UPDATE (5/4): Gov. Newsom announced on Monday that some retail and manufacturing businesses in California will be allowed to reopen on Friday, May 8. Clothing stores, florists, bookstores and sporting goods stores will all be allowed to operate with curbside pick-up. However, this does not include places like offices, malls or restaurants (which will still be limited to takeout service only, and not seated dining). It’s unclear yet if or when L.A.’s local ordinances will be amended to accommodate the changes.
UPDATE (5/1): In his Friday address, Newsom hinted that more news would be coming next week about reopening certain businesses, including retail, hospitality and restaurants. “I just want folks to know, we’re getting very close to making really meaningful augmentations to that stay-at-home order,” he stated. “I said ‘weeks, not months’ about four or five days ago. I want to say “many days, not weeks,’ as long as we continue to be prudent and thoughtful in certain modifications, I think we'll be making some announcements.”

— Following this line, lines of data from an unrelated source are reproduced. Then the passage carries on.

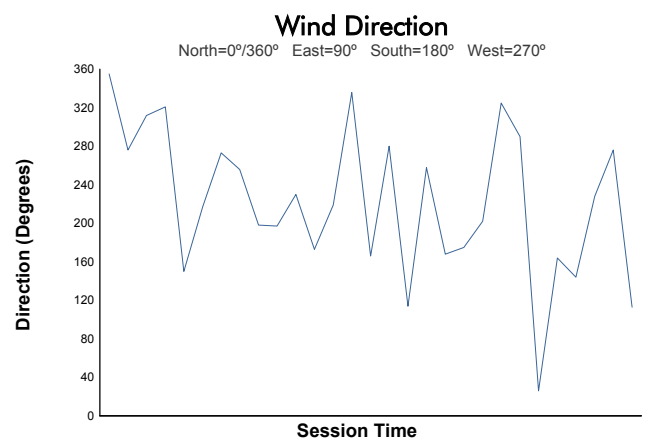

BUDAPEST TROFEO PIRELLI Race 2 Weather Report

Track Status: **DRY**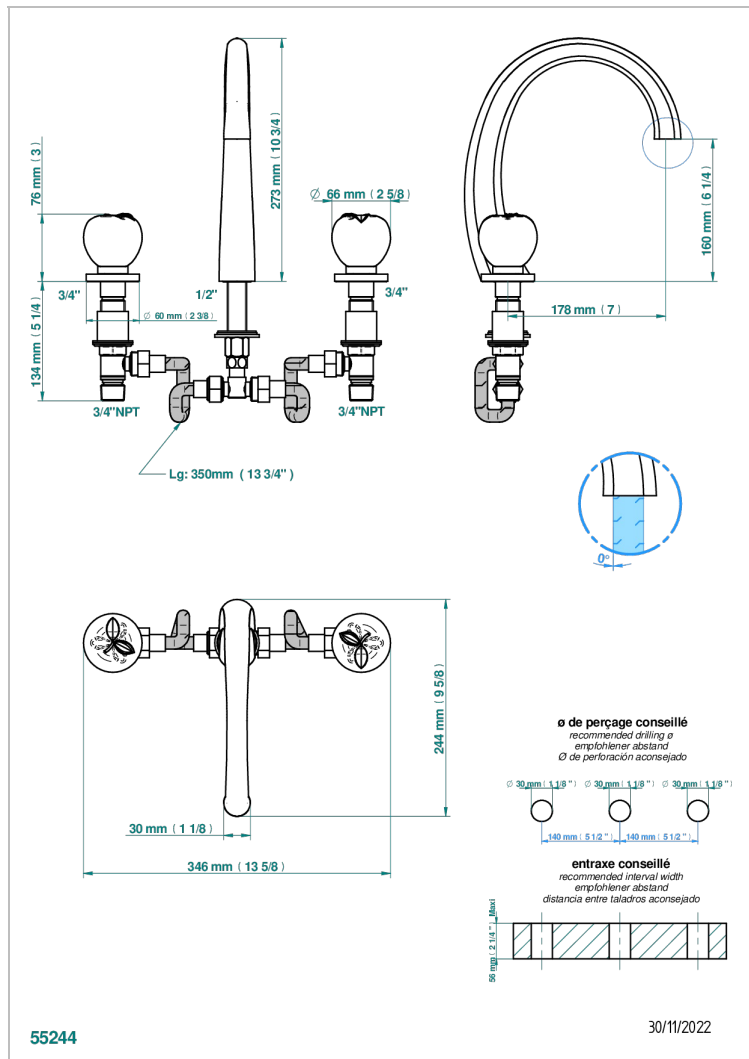

# POMME CLEAR SATINY CRYSTAL

A42-25SGUS

Roman tub set with 3/4" valves

## CHARACTERISTIC

- Pomme Clear satiny crystal
- Roman tub set with 3/4" valves

## TECHNICAL SPECS

- Recommandé : 3 bars (max. 5 bars) - Advised : 43,5 psi (max. 72 psi)
- 48 l/min à 3 bars (12.7 gpm at 43.5 psi)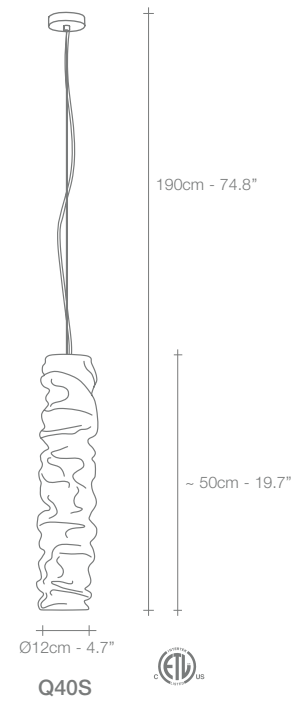

CLEAR

RECOMMENDED BULB Q40S

230V GY6.35 12V HALOGEN | 35W
Dimmer | IGBT

120V GY6.35 12V XENON | 35W
Dimmer | IGBT

Shar Pei can be manufactured to work with LED light source on request, different dimming options on request

Governor Gavin Newsom previously outlined a six-point framework for reopening California, including one that addresses the ability of schools and businesses to adapt to physical distancing guidelines. To that specific point, in a Tuesday address he said “We believe we are weeks, not months, away from making modifications to that indicator and in this space.”
Newsom attributed the decision to gradually reopen some businesses to a stable trend in hospitalizations, though he noted that “we by no stretch are out of the woods” and could have to take a step backwards at any moment, if science and public health policy dictates so. That said, since California hasn’t seen the same surge in hospitalizations as other parts of the country, Newsom offered cautious optimism over the move.
So what exactly could we see reopening in a few weeks? Retail spots could start serving customers again if they offer curbside pickup. Manufacturers of non-essential items like toys, clothing and furniture could resume operations. Offices could modify their work environments to make them safer—though telecommuting would still be preferable. And public spaces like parks and trails could reopen with modified plans to make them safer. We might even see school starting in the middle of the summer; the state is considering a late July or early August opening to account for the recent learning loss.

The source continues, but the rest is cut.